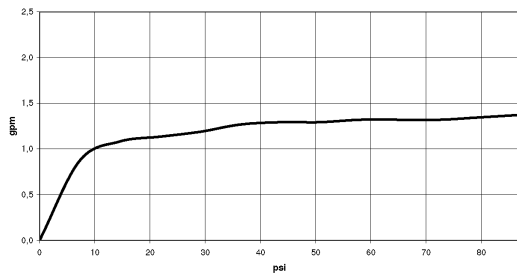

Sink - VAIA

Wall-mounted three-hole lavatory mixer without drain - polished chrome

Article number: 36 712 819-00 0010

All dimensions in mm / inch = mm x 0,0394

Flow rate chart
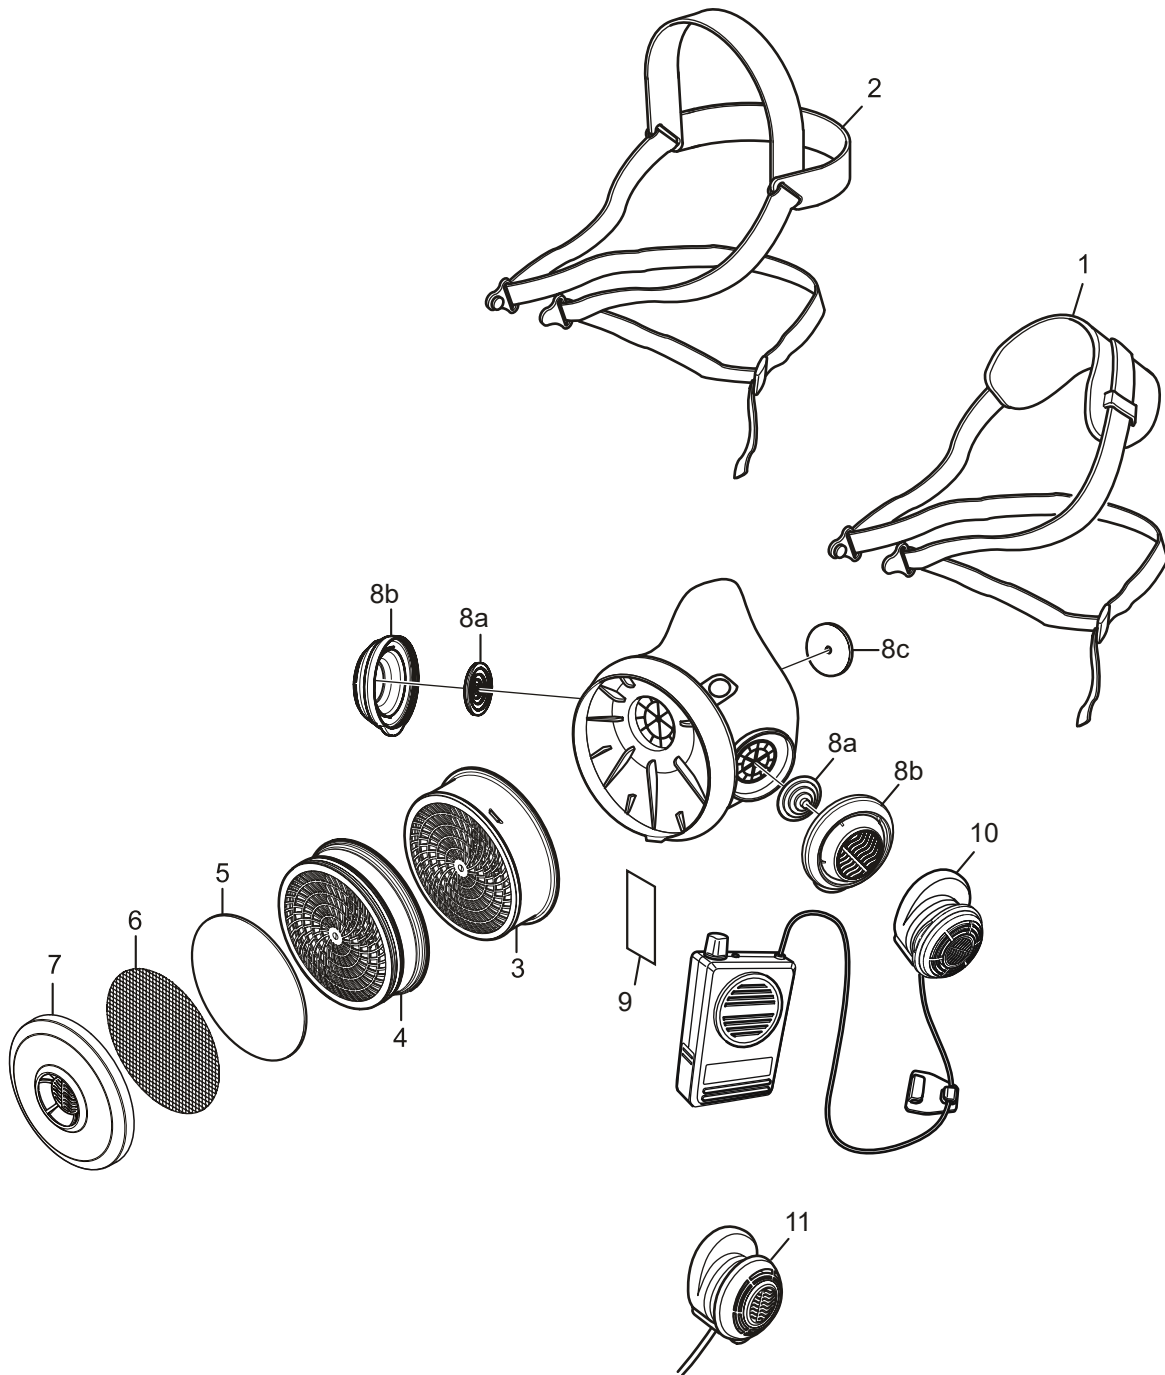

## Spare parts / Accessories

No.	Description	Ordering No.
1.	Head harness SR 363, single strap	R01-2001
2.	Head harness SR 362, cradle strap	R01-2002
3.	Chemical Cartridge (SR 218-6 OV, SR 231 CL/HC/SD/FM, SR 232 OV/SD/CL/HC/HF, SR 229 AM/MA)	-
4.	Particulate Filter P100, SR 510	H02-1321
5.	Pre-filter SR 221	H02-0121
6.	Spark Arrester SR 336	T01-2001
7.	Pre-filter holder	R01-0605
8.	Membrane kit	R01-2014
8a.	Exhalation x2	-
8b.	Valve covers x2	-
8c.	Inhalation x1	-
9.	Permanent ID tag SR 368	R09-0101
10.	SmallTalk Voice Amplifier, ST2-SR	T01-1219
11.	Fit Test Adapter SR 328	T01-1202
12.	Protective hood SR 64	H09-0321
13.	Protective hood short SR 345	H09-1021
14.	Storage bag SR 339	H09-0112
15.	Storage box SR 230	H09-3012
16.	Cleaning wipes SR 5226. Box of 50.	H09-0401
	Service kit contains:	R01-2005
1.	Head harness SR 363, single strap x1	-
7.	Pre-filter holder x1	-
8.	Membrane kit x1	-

EXERCISE INSTRUCTIONS: Set down only the lines running from the line with "## Spare parts / Accessories" to the end of the entries above, both included, exactly as they stand.

THE COMPLETED TASK:
## Spare parts / Accessories

No.	Description	Ordering No.
1.	Head harness SR 363, single strap	R01-2001
2.	Head harness SR 362, cradle strap	R01-2002
3.	Chemical Cartridge (SR 218-6 OV, SR 231 CL/HC/SD/FM, SR 232 OV/SD/CL/HC/HF, SR 229 AM/MA)	-
4.	Particulate Filter P100, SR 510	H02-1321
5.	Pre-filter SR 221	H02-0121
6.	Spark Arrester SR 336	T01-2001
7.	Pre-filter holder	R01-0605
8.	Membrane kit	R01-2014
8a.	Exhalation x2	-
8b.	Valve covers x2	-
8c.	Inhalation x1	-
9.	Permanent ID tag SR 368	R09-0101
10.	SmallTalk Voice Amplifier, ST2-SR	T01-1219
11.	Fit Test Adapter SR 328	T01-1202
12.	Protective hood SR 64	H09-0321
13.	Protective hood short SR 345	H09-1021
14.	Storage bag SR 339	H09-0112
15.	Storage box SR 230	H09-3012
16.	Cleaning wipes SR 5226. Box of 50.	H09-0401
	Service kit contains:	R01-2005
1.	Head harness SR 363, single strap x1	-
7.	Pre-filter holder x1	-
8.	Membrane kit x1	-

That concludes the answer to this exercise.